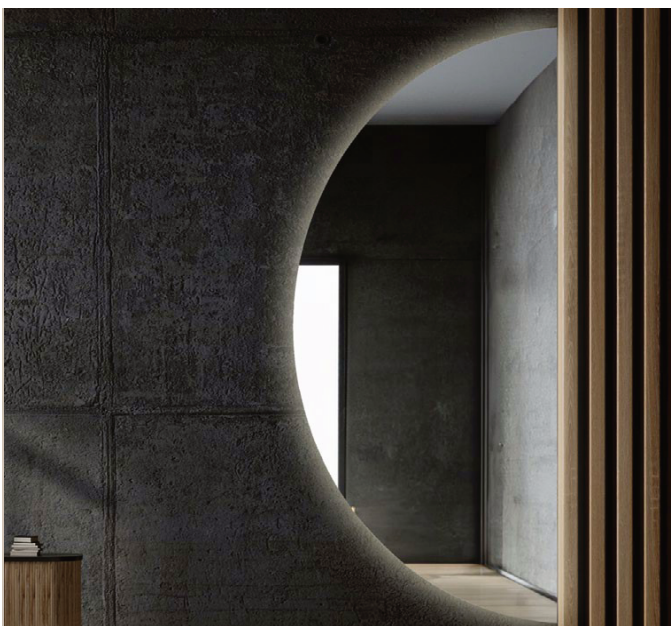

Sondermaße auf Anfrage

Standard

Rauchglas

Warm 3000K Neutral 4000K

IP44

DEMI

Nur Hintergrundlicht

- Ohne Rahmen
- Wahlweise 3000K oder 4000K
- **Optional:**
 - Touch-Schalter
 - Spiegelheizung
 - Rauchglas

= = =

# [Required work]
Where a record holds a picture, leave the picture out and restate the rest word for word.

# [Reply]
Sondermaße auf Anfrage

Standard

Rauchglas

Warm 3000K Neutral 4000K

IP44

DEMI

Nur Hintergrundlicht

- Ohne Rahmen
- Wahlweise 3000K oder 4000K
- **Optional:**
 - Touch-Schalter
 - Spiegelheizung
 - Rauchglas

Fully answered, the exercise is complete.